## Description of the task
From the records below, please repeat exactly the line that has "Caño tubo cisne", the line that has "PPAM = endorsed by PPAM", and every line between them, and nothing else.

_ _ _

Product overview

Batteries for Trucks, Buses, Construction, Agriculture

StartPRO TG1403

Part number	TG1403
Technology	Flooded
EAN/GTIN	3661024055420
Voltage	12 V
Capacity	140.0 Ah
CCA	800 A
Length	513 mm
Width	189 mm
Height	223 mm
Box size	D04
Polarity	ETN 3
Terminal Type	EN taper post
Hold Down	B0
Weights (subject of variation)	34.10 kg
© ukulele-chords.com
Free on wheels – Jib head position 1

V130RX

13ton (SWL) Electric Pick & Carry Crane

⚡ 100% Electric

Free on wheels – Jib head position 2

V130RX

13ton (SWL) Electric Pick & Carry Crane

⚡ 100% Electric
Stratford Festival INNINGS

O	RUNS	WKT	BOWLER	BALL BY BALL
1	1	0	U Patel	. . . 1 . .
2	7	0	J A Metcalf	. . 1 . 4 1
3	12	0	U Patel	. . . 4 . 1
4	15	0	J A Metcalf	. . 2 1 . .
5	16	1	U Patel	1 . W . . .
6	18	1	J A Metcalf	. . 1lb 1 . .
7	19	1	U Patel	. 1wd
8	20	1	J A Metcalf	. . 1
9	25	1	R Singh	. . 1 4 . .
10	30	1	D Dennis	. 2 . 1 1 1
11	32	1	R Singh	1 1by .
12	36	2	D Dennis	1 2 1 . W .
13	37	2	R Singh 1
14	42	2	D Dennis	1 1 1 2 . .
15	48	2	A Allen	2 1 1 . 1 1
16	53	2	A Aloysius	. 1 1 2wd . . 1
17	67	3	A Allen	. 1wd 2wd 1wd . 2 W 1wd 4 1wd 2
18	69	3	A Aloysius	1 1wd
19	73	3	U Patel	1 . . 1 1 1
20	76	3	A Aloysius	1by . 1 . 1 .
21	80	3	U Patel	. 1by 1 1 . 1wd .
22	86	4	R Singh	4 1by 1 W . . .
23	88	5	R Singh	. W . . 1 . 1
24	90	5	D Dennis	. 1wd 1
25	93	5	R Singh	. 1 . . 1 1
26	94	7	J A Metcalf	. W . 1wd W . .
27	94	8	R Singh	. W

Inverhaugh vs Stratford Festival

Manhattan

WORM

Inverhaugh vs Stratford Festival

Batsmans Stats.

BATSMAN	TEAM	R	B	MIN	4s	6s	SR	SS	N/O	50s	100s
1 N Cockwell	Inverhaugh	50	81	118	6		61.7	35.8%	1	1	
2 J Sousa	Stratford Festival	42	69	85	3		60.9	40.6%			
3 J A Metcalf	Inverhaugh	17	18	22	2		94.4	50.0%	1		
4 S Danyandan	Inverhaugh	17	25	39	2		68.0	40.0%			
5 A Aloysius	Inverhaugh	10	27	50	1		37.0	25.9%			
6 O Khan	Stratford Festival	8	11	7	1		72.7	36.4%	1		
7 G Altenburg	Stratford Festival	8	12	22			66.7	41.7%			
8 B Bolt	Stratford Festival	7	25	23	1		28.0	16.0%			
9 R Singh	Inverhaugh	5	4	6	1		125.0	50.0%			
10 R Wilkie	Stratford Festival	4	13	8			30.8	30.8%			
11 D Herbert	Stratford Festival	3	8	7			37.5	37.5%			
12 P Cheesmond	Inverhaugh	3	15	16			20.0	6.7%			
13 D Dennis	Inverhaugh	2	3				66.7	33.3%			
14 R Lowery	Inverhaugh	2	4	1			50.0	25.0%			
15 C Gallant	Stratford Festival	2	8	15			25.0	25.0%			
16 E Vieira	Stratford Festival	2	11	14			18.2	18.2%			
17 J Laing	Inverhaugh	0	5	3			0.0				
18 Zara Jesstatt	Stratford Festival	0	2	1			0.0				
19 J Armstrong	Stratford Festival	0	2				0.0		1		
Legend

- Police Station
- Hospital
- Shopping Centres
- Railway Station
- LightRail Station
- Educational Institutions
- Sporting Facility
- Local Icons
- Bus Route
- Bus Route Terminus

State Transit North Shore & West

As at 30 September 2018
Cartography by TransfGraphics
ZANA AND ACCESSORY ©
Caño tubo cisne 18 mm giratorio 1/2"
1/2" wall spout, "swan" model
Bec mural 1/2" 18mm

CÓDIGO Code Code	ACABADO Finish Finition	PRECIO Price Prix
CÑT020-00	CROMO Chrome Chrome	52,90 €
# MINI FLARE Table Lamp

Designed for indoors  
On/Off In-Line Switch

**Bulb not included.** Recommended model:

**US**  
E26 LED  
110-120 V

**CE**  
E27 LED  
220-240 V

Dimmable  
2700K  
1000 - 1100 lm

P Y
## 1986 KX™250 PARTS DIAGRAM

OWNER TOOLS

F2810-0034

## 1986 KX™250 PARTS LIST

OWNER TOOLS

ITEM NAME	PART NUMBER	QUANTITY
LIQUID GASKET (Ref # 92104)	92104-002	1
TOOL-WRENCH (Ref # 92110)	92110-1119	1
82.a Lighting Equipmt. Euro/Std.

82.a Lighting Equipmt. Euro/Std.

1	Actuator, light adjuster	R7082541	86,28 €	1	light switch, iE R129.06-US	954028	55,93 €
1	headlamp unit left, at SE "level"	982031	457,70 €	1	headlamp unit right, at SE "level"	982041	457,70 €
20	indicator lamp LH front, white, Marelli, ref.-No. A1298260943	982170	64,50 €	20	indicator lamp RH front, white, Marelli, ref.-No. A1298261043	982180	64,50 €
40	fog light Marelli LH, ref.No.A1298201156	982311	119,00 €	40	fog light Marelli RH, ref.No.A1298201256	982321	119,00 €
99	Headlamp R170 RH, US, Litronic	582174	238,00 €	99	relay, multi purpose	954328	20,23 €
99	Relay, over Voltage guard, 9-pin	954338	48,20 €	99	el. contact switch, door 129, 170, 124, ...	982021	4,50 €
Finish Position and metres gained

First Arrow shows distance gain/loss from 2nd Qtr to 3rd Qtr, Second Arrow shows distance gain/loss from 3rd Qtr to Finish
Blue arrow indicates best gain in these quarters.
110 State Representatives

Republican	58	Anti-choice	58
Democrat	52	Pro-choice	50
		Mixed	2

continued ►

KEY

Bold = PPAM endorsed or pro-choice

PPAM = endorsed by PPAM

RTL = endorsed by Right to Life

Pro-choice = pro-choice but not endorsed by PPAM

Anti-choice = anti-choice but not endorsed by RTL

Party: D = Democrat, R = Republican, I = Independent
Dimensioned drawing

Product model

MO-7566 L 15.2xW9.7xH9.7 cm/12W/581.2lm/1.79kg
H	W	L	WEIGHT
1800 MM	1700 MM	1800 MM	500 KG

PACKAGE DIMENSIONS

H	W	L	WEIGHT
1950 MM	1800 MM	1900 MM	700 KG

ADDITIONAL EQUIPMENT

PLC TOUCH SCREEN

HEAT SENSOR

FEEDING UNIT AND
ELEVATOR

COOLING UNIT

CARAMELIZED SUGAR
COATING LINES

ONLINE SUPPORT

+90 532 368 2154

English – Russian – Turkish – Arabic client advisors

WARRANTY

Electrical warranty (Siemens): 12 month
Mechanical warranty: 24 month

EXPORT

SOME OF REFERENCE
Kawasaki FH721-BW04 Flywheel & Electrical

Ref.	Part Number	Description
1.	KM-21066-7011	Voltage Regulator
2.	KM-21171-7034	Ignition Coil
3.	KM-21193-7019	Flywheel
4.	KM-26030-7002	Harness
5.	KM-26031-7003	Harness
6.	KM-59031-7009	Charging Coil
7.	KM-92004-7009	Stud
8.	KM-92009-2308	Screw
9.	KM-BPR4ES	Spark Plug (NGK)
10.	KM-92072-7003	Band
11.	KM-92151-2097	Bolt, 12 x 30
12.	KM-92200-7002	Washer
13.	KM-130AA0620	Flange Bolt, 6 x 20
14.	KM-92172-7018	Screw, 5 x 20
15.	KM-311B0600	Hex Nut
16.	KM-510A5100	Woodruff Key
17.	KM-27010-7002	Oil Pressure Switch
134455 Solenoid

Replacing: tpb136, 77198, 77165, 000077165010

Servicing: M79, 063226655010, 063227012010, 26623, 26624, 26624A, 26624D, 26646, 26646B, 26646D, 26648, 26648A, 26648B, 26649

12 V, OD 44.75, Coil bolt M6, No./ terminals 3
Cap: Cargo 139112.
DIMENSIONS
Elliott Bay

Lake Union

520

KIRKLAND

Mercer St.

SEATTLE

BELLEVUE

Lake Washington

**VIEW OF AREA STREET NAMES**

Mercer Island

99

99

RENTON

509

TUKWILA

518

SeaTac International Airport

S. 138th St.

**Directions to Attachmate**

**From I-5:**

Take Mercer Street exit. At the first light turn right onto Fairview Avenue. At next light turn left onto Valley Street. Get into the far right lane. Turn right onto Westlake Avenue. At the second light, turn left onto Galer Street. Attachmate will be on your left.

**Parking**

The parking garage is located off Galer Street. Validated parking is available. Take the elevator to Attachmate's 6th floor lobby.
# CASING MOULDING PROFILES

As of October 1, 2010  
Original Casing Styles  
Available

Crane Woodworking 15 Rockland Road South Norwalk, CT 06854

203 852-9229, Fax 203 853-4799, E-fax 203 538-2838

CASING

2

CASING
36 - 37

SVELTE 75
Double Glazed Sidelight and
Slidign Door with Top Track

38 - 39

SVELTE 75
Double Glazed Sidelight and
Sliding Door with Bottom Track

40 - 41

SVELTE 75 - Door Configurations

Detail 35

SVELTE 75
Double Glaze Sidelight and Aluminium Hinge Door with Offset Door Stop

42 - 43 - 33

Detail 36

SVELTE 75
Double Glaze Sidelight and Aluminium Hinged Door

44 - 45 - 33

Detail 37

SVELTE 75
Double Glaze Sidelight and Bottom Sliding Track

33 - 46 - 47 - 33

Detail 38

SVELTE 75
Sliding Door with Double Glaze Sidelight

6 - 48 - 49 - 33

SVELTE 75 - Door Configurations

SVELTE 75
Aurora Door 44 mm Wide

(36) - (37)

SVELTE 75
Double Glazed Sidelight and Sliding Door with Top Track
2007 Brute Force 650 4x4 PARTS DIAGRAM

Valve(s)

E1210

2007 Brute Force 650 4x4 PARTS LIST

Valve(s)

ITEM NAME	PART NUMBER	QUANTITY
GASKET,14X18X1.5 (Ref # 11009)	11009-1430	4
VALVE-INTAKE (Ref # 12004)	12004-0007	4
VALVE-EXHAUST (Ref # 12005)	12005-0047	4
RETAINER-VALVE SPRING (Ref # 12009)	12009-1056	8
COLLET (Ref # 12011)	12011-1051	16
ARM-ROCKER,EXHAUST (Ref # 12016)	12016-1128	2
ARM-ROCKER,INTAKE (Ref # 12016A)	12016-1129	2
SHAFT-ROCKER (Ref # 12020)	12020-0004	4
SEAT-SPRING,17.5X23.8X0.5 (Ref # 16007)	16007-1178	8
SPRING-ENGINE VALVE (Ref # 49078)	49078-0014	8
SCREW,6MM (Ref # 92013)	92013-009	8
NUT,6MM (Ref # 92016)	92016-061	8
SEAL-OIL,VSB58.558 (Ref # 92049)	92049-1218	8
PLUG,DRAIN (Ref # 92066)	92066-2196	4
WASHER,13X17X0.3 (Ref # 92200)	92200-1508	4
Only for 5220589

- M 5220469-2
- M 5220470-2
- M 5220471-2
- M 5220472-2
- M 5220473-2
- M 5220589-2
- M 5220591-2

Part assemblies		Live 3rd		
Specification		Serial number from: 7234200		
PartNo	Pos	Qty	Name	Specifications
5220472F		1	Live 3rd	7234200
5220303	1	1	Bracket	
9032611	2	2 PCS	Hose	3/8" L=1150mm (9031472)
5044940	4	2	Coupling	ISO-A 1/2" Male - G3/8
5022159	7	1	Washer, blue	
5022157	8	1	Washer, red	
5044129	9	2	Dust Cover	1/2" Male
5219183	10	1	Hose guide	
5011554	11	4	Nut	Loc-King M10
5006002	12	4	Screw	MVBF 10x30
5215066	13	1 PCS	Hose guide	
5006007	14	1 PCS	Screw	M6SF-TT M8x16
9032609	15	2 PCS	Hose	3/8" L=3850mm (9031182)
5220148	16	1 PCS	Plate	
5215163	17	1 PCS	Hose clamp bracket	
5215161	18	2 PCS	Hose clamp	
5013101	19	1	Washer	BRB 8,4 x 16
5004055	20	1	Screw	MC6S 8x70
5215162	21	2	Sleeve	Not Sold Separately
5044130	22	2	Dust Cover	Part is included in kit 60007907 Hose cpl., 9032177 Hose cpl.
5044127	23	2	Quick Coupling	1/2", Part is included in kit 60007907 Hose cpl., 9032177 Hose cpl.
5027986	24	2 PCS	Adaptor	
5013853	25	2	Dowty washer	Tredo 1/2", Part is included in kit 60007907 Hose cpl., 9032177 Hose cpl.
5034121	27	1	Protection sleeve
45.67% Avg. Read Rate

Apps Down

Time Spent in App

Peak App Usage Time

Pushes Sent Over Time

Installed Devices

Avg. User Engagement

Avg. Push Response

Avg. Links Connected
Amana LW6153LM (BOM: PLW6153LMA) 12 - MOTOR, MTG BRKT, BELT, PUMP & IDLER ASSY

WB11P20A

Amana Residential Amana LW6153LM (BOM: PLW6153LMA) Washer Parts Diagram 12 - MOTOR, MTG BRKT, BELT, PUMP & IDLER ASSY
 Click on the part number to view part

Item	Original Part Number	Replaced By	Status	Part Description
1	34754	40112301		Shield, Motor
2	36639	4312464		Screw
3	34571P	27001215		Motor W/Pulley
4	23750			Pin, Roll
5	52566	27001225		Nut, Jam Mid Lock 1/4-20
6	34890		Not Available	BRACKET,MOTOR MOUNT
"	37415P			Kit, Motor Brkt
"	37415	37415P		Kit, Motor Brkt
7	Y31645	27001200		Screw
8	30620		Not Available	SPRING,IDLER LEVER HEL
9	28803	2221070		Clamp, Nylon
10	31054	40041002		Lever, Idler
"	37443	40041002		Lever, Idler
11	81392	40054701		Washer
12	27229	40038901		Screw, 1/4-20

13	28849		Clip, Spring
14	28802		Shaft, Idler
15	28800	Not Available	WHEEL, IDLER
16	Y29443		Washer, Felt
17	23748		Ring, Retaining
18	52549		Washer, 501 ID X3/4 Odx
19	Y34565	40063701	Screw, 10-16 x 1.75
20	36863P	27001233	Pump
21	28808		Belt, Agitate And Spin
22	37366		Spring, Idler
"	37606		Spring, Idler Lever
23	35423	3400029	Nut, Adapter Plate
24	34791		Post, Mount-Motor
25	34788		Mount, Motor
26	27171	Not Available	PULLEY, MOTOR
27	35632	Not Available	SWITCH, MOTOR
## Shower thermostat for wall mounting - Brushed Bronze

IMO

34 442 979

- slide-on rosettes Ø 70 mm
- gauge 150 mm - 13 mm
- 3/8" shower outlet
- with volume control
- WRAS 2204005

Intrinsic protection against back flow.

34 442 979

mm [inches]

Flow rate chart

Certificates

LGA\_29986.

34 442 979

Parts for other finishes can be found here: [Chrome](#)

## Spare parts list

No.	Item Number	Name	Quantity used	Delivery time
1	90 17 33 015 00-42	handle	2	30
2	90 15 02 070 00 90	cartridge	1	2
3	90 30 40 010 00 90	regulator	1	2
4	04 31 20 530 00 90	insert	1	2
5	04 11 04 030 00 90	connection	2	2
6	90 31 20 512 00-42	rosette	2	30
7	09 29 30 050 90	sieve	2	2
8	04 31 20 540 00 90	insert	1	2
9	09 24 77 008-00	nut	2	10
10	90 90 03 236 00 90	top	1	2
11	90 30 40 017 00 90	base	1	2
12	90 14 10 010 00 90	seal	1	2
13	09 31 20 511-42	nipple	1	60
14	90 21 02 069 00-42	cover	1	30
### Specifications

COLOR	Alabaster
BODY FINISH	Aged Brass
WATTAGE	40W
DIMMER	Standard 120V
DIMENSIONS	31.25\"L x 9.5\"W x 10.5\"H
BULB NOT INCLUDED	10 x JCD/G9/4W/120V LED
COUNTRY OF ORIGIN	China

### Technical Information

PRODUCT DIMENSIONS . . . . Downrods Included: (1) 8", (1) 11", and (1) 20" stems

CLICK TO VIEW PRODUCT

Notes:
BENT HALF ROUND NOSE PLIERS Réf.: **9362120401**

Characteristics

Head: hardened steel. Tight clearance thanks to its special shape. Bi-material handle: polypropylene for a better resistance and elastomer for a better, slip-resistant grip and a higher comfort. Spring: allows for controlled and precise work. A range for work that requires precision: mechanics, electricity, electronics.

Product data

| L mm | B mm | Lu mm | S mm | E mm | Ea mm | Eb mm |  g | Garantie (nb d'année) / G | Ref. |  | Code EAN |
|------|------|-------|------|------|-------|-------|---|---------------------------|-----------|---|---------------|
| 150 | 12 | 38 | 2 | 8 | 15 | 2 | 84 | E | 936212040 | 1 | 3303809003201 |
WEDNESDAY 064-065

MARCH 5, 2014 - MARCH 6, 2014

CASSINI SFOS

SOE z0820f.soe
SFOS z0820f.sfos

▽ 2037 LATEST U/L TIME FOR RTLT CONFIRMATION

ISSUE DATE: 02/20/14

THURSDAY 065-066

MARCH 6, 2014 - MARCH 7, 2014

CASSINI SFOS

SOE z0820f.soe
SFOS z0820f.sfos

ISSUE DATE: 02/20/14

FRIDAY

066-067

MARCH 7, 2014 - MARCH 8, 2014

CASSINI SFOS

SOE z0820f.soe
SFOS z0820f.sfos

_ _ _

## Response to this exercise
Caño tubo cisne 18 mm giratorio 1/2"
1/2" wall spout, "swan" model
Bec mural 1/2" 18mm

CÓDIGO Code Code	ACABADO Finish Finition	PRECIO Price Prix
CÑT020-00	CROMO Chrome Chrome	52,90 €
# MINI FLARE Table Lamp

Designed for indoors  
On/Off In-Line Switch

**Bulb not included.** Recommended model:

**US**  
E26 LED  
110-120 V

**CE**  
E27 LED  
220-240 V

Dimmable  
2700K  
1000 - 1100 lm

P Y
## 1986 KX™250 PARTS DIAGRAM

OWNER TOOLS

F2810-0034

## 1986 KX™250 PARTS LIST

OWNER TOOLS

ITEM NAME	PART NUMBER	QUANTITY
LIQUID GASKET (Ref # 92104)	92104-002	1
TOOL-WRENCH (Ref # 92110)	92110-1119	1
82.a Lighting Equipmt. Euro/Std.

82.a Lighting Equipmt. Euro/Std.

1	Actuator, light adjuster	R7082541	86,28 €	1	light switch, iE R129.06-US	954028	55,93 €
1	headlamp unit left, at SE "level"	982031	457,70 €	1	headlamp unit right, at SE "level"	982041	457,70 €
20	indicator lamp LH front, white, Marelli, ref.-No. A1298260943	982170	64,50 €	20	indicator lamp RH front, white, Marelli, ref.-No. A1298261043	982180	64,50 €
40	fog light Marelli LH, ref.No.A1298201156	982311	119,00 €	40	fog light Marelli RH, ref.No.A1298201256	982321	119,00 €
99	Headlamp R170 RH, US, Litronic	582174	238,00 €	99	relay, multi purpose	954328	20,23 €
99	Relay, over Voltage guard, 9-pin	954338	48,20 €	99	el. contact switch, door 129, 170, 124, ...	982021	4,50 €
Finish Position and metres gained

First Arrow shows distance gain/loss from 2nd Qtr to 3rd Qtr, Second Arrow shows distance gain/loss from 3rd Qtr to Finish
Blue arrow indicates best gain in these quarters.
110 State Representatives

Republican	58	Anti-choice	58
Democrat	52	Pro-choice	50
		Mixed	2

continued ►

KEY

Bold = PPAM endorsed or pro-choice

PPAM = endorsed by PPAM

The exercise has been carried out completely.